### Task item
Since only the words are wanted, reproduce every entry exactly and leave the images behind.
··· Exercise materials
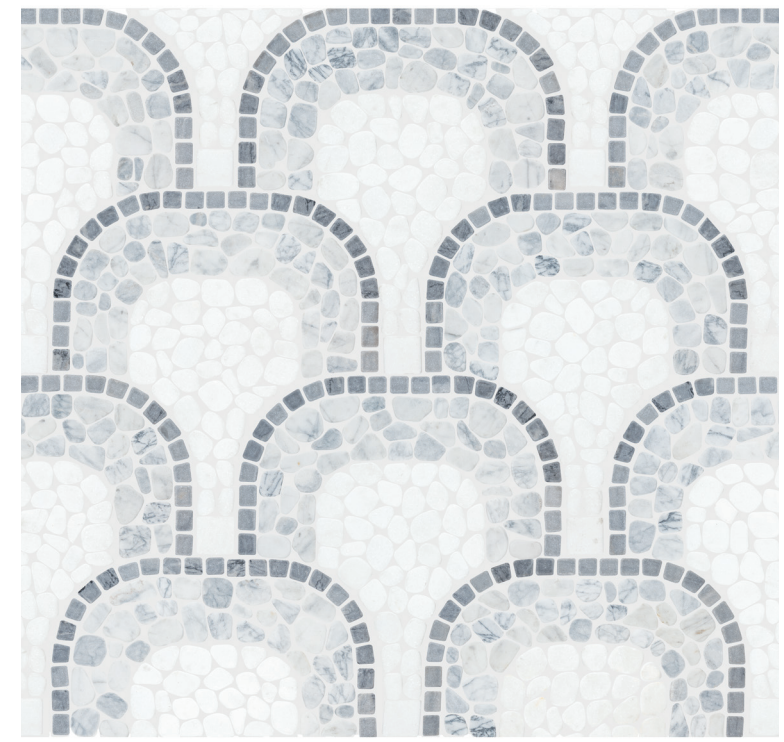

Cabana, *River*

Inspired by gentle rivers, harmonious hues create a tranquil haven of balance and beauty.
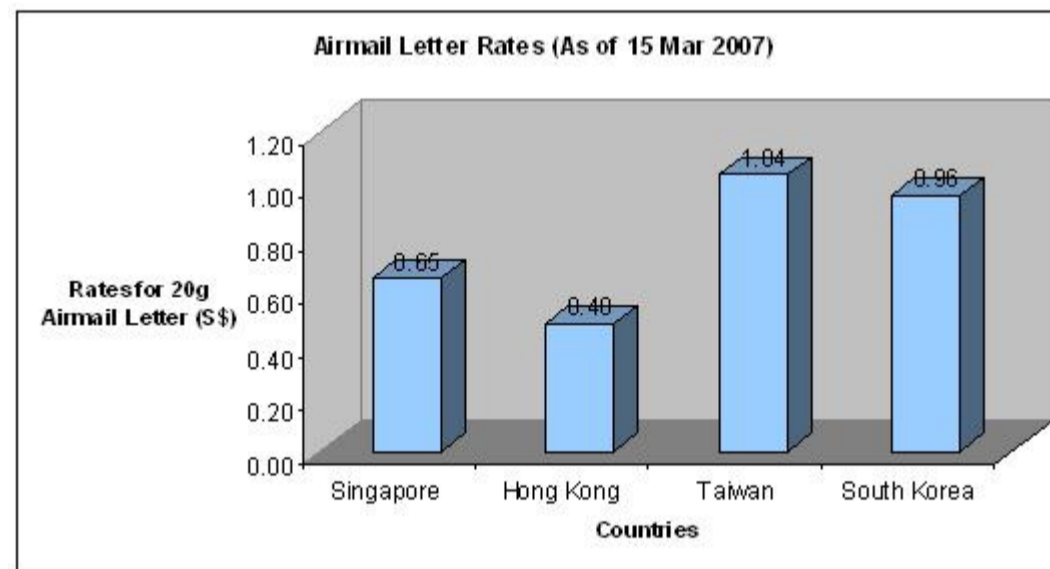

Statistics on Postal Services as of Q1 2007

6 July 2007

Domestic Letter Rates

1. The exchange rate is based on 6-month moving average rates (Oct 06 - Mar 07).

Airmail Letter Rates

1. The exchange rate is based on 6-month moving average rates (Oct 06 - Mar 07).
2. Singapore's outgoing rate to Hong Kong, Taiwan and South Korea is compared with the corresponding incoming rates from these 3 countries to Singapore.
······
### Exercise answer
Cabana, *River*

Inspired by gentle rivers, harmonious hues create a tranquil haven of balance and beauty.

Statistics on Postal Services as of Q1 2007

6 July 2007

Domestic Letter Rates

1. The exchange rate is based on 6-month moving average rates (Oct 06 - Mar 07).

Airmail Letter Rates

1. The exchange rate is based on 6-month moving average rates (Oct 06 - Mar 07).
2. Singapore's outgoing rate to Hong Kong, Taiwan and South Korea is compared with the corresponding incoming rates from these 3 countries to Singapore.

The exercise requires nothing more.